An vielen Gerichten in Deutschland herrscht Notbetrieb. Das heißt, dass momentan oft nur noch Eilverfahren betrieben werden. Außerdem müssen Verhandlungen abgesagt oder verschoben werden und es gibt strenge Zugangskontrollen an den Gerichten. Teilweise werden auch eingehende Klagen erst mit Verzögerung registriert. Am Verwaltungsgericht in Berlin ist jeweils nur ein Richter jeder Kammer vor Ort. Alle anderen sind im Homeoffice. Das Kammergericht (KG) hat derzeit einen Not-Geschäftsverteilungsplan, der beinhaltet, dass von sonst 22 Kammern nur noch zwei vor Ort sind, um Eilverfahren zu bearbeiten. Der Gerichtsbetrieb ist dementsprechend eingeschränkt. Letztlich hängt es, wegen der Unabhängigkeit der Justiz, wie immer sehr stark vom einzelnen Richter ab, wie laufende Verfahren betrieben werden.
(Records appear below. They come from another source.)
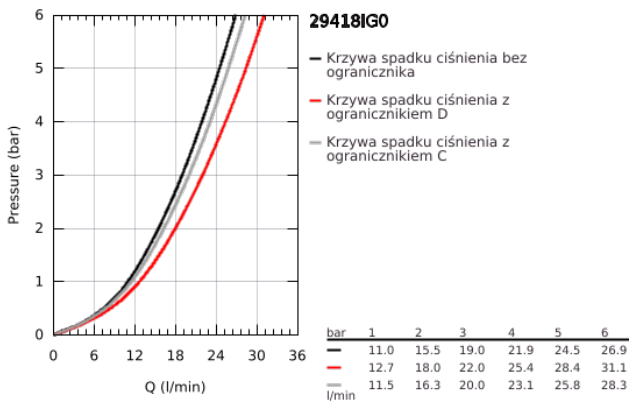

29 418 IG0 GRANDERA 4-OTWOROWA BATERIA WANNOWA

OPIS PRODUKTU

- Colour: chrom / złoty
- GROHE SilkMove głowica ceramiczna 46 mm
- GROHE LongLife trwała powłoka
- elementy składowe:
- mocowanie wylewki
- element obsługi mieszacza jednouchwyтового
- wylewka wannowa z perlatoorem i przełącznikiem wanna/prysznic
- prysznic ręczny Grandera 7,6 l
- metalowy wąż prysznicowy 2000 mm
- giętkie węże przyłączeniowe
- przyłącze węża prysznicowego
- zabezpieczenie przed przepływem zwrotnym
- opcjonalny montaż z 29 037 000 (zamawiany osobno)
- min. rekomendowane ciśnienie 1,0 bar

Auf Dauer kommt auch auf das Rechtssystem eine Belastungsprobe zu. Denn während viele laufende Verfahren nicht abgearbeitet werden können, kommen mit einer gewissen Verzögerung nun eine Menge neuer Streitigkeiten auf die Gerichte zu. Betroffen ist nicht nur das Verwaltungsrecht durch die aktuellen Eilverfahren gegen Ausgangsbeschränkungen und andere Maßnahmen zur Eindämmung der Infektion. Demnächst wird es auch um Entschädigungen für Betroffene von Quarantänemaßnahmen oder Betriebsschließungen gehen. Ganz zu schweigen von der ordentlichen Gerichtsbarkeit, wo sich Streitigkeiten über Mietzahlungen und über Strom- und Gasrechnungen häufen dürften.
Insofern beginnt nicht nur an Schulen und in Kitas, sondern auch an Gerichten die Diskussion darüber, wann der Notbetrieb wieder durch den normalen Gerichtsbetrieb abgelöst werden kann. Außerdem wird Richtern empfohlen, sich nun im Homeoffice um liegen gebliebene Verfahren und organisatorische Dinge zu kümmern, die ohnehin erledigt werden müssen, bevor die zu erwartenden Klagewelle über die Gerichte hereinbricht. Ein Gutes hat die Corona-Krise möglicherweise im Rechtswesen: Die Gerichte sind nun auch aufgrund des Homeoffice gezwungen, sich verschärft über Digitalisierung der Aktenberge und sogar Verhandlungen im virtuellen Gerichtssaal Gedanken zu machen. Am Ende resultiert daraus möglicherweise sogar noch ein Effizienzgewinn (Olaf Dilling).